The most important anomaly, and the biggest threat to the efficient markets hypothesis, is momentum—the tendency of assets with good recent performance to continue overperforming in the near future.
Momentum has been well documented globally and across a wide spectrum of assets. It’s viewed as an anomaly because there is no good risk story, no standard asset pricing model to explain it. Thus, we are left with behavioral explanations such as investors reacting slowly or irrationally to information.
Dimitri Vayanos and Paul Woolley, authors of the study “An Institutional Theory of Momentum and Reversal,” published in the May 2013 issue of The Review of Financial Studies, provide an explanation that is based on “rational agents.”
They begin with the assumption that “investors delegate the management of their portfolios to financial institutions, such as mutual funds and hedge funds.” Their explanation then emphasizes the role of fund flows as follows.
“Suppose that a negative shock hits the fundamental value of some assets. Investment funds holding these assets realize low returns, triggering outflows by investors who update negatively about the ability of the managers running these funds.

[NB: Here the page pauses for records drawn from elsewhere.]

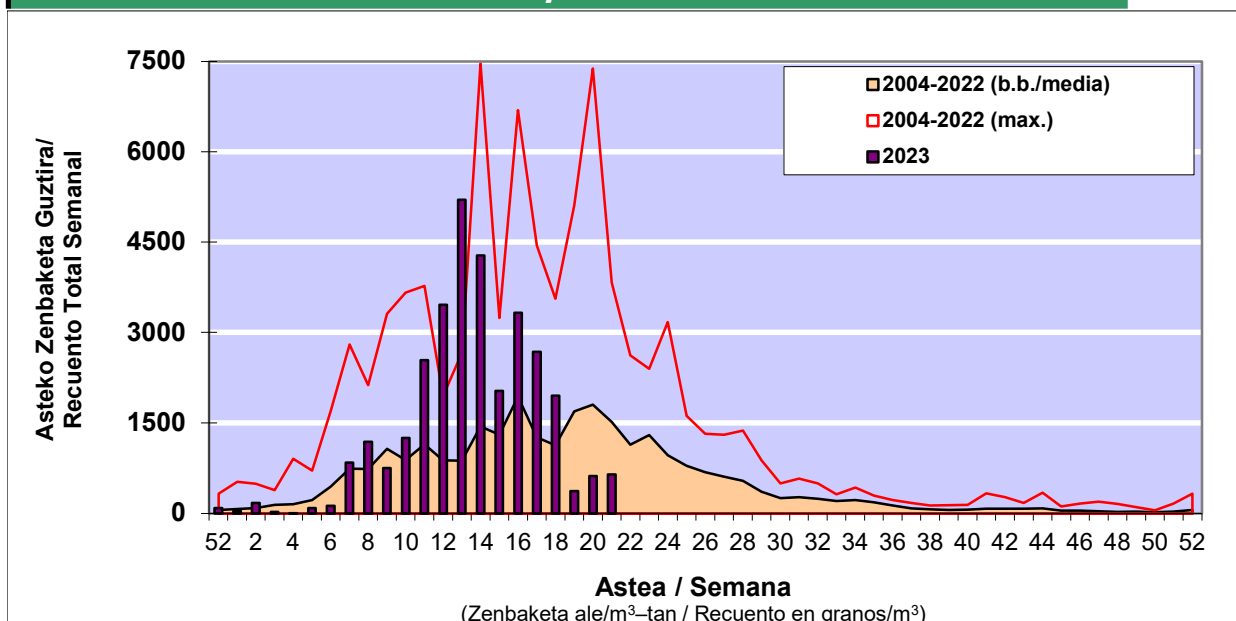

POLEN ZENBAKETA / RECuento DE POLEN

Osasun Sailaren Sarea / Red del Departamento de Salud

1. GAUR EGUNGO EGOERA / SITUACIÓN ACTUAL

		Astea/Semana	21
Estazioa / Estación	Vitoria - Gasteiz	22/05-28/05	2023

Polen mota interesgarriak / Tipos polínicos de interés	Zuhaitza-Landarea / Árbol-Planta	Egoera / Situación*	Hurrengo asterako joera / Tendencia próxima semana
Cupresaceas /Taxaceas	Altzifrea-Hagina/Ciprés-Tejo	Baxua / Bajo	=
E. Alternaria	Alternariaren esporak / Esporas	Ertaina / Medio	=
Gramineae	Graminea/Gramínea	Baxua / Bajo	▲
Pinus	Pinua/Pino	Baxua / Bajo	▼
Quercus	Haritza-Artea/Roble-Encina	Baxua / Bajo	=
Urticaceas	Asuna-Horma-belarra/Ortiga-Parietaria	Baxua / Bajo	▲

*Ebaluaketa irizpideak, "Red Española de Aerobiología"-ren arabera /

2. ASTEKO ZENBAKETA GUZTIRA / RECuento TOTAL SEMANAL

Estazioa / Estación	Vitoria - Gasteiz

Asteko Zenbaketa Orokorra / Recuento Total Semanal

“As a consequence of the outflows, funds sell assets they own, and this depresses further the prices of the assets hit by the original shock. If, in addition, outflows are gradual because of institutional constraints (e.g., lock-up periods, institutional decision lags), the selling pressure causes prices to decrease gradually, leading to momentum.”

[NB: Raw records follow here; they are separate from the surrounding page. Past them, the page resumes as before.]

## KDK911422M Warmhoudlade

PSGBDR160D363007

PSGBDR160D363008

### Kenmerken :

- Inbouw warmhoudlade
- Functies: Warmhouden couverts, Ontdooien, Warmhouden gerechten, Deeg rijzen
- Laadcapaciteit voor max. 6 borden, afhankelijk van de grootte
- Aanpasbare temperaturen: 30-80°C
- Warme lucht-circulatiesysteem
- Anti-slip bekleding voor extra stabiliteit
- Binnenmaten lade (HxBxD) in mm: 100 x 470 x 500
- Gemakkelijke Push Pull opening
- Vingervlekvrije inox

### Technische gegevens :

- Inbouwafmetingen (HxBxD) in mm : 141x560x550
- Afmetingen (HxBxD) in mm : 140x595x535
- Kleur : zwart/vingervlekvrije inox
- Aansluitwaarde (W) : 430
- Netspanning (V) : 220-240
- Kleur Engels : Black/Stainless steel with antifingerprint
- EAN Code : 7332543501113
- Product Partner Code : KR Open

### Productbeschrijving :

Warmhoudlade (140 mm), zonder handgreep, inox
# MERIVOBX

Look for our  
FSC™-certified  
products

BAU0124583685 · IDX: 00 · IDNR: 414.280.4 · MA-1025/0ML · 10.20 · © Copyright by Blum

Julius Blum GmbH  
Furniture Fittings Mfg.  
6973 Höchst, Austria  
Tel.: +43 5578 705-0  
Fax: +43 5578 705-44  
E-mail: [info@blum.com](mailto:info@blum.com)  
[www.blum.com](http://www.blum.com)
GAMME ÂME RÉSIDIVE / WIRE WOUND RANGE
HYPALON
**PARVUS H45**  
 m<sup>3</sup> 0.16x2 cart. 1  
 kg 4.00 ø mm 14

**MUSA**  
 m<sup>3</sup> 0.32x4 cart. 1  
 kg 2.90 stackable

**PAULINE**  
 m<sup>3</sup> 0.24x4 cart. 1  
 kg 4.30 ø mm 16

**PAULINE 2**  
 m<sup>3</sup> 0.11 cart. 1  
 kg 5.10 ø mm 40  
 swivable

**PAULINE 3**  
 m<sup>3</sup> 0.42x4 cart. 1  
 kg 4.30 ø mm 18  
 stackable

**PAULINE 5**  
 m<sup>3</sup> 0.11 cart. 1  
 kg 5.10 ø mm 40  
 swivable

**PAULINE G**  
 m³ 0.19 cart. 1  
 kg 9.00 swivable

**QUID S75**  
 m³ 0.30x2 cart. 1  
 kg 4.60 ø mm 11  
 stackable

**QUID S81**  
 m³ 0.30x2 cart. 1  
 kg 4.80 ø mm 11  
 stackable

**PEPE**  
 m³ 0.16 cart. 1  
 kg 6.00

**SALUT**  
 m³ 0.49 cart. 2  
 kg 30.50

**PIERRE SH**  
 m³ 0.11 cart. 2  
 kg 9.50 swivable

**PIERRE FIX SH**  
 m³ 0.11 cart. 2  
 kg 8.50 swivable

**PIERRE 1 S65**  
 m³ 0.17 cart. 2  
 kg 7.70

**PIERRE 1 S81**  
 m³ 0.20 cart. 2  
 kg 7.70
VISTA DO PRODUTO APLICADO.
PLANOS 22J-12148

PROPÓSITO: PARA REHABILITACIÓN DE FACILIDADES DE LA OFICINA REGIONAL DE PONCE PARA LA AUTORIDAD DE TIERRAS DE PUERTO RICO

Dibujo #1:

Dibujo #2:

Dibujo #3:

They go on to note that eventually the outflows push prices below fundamental values, expected returns rise, leading to an eventual reversal—assets that performed well over a long period tend to subsequently underperform. They explain that reversals are closely related to the value effect—the ratio of a company’s stock price to its earnings or its book-to-market value is negatively related to subsequent performance. Relatively cheap securities, value or low-priced stocks earn higher returns than expensive securities such as growth stocks.
This explanation for momentum is consistent with findings from other academic papers. For example, recent research has found that:
- Mutual funds experiencing large outflows engage in distressed selling of their stock portfolios.

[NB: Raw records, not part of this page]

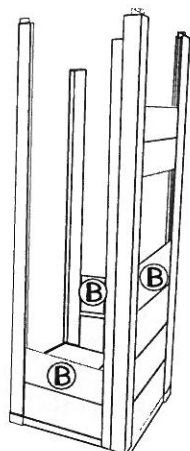

TUSCANY EVO 80

DIM. 93X140X205

MEGLIO UTILIZZARE
UN AVVITATORE

...E UNO SCALEO

N 8 RONDELLE METALLO M4	
N 8 VITE M4X30 NERA	
N 8 DADO M4	
N 2 VITE TIPO D DIM 5X35 NERO	
N 12 RONDELLE METALLO M5	
N 12 DADO M5	
N 35 VITE TIPO A DIM 4X118	
N 14 RONDELLA IN GOMMA TENUTA STAGNA A E B	
N 10 VITE 5,0X20 TTONDA QUADRO SOTTO TESTA TIPO B	
N 10 DADO ALLUNGATO PER VITE TIPO B	

PAVIMENTO

GANCI A PAV. A

MONTANTI

PANNELLI

TIMPANI

TETTO

MEGLIO
UTILIZZARE
UNO SCALEO

13

A VITE DIM. 48X19
CON RONDELLA
IN GOMMA

B VITE DIM. 48X19
CON RONDELLA
IN GOMMA E DADO M 5

16

14

15

CERNIERE

17

N12 VITE TIPO D
DIM. 4X38

N12 RONDELLA
DI METALLO IN
PER VITE TIPO D

N12 DADO IN
PER VITE TIPO D

PORTA

N12
VITE TIPO D

DI 5X35 VMSI NERO

19

NO

CHIAVISTELLO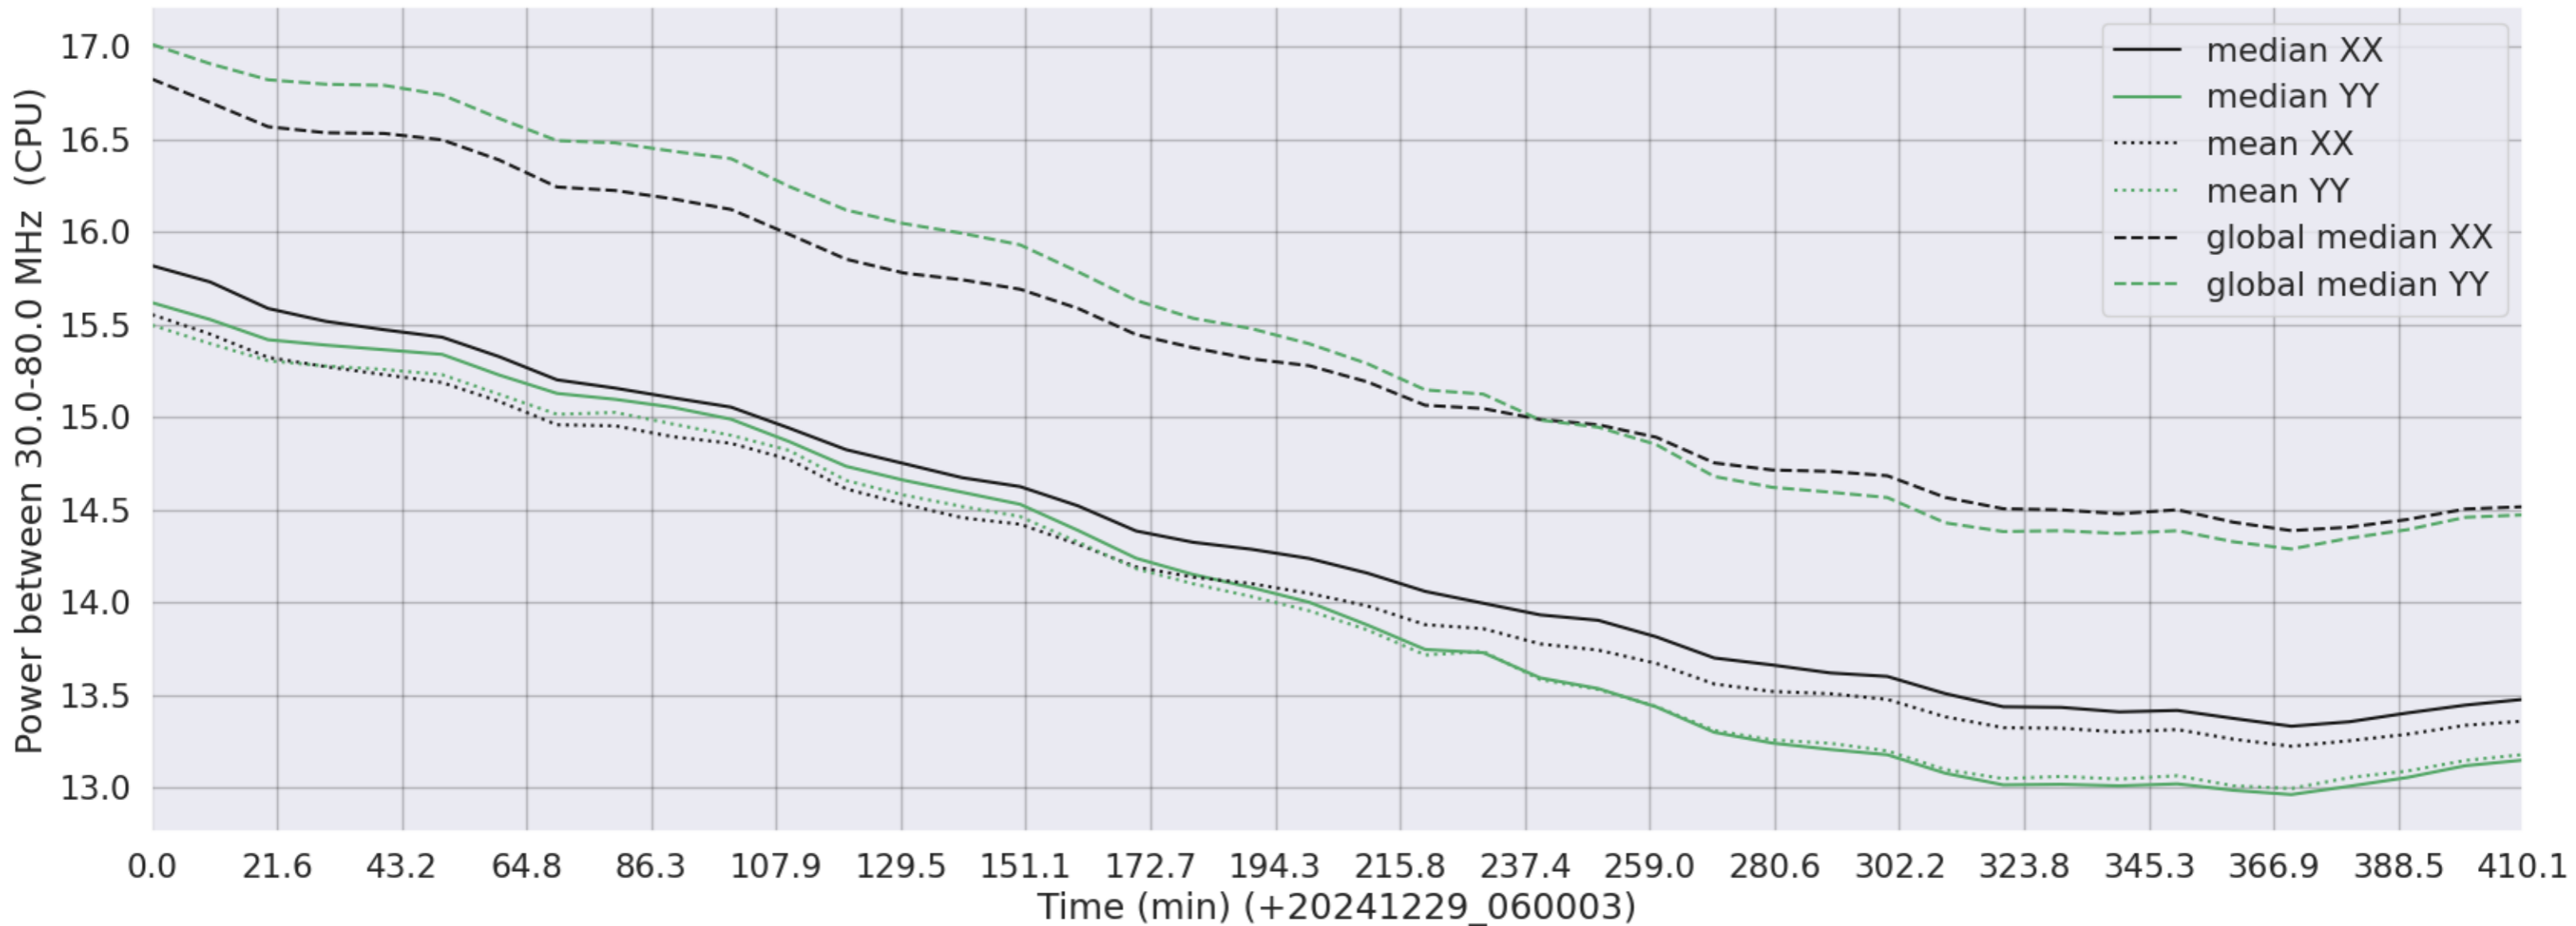

LWA121 - Correlator# 153 - XX FLAGS:Good - YY FLAGS:Good

LWA122 - Correlator# 152 - XX FLAGS:Good - YY FLAGS:Good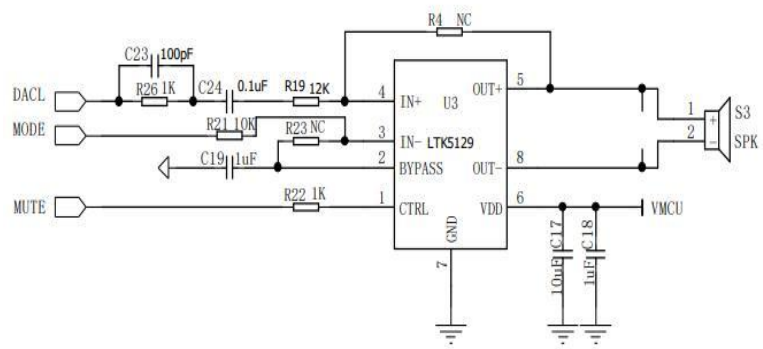

LED

TEST

Battery

- Co-movement between stocks is larger when these are held by many mutual funds in common, controlling for style characteristics.
- Flows into stocks can explain up to 50 percent of stock-level momentum, especially for large stocks.
They authors concluded: “In focusing on flows between investment funds as a driver of momentum, we do not intend to suggest that they are the only driver. Indeed, momentum could be also generated by gradual and anticipated changes in leverage or irrational sentiment. At the same time, flows between investment funds seem to be a relevant driver of momentum.”
Larry Swedroe is director of Research for the BAM Alliance, which is part of St. Louis-based Buckingham Asset Management.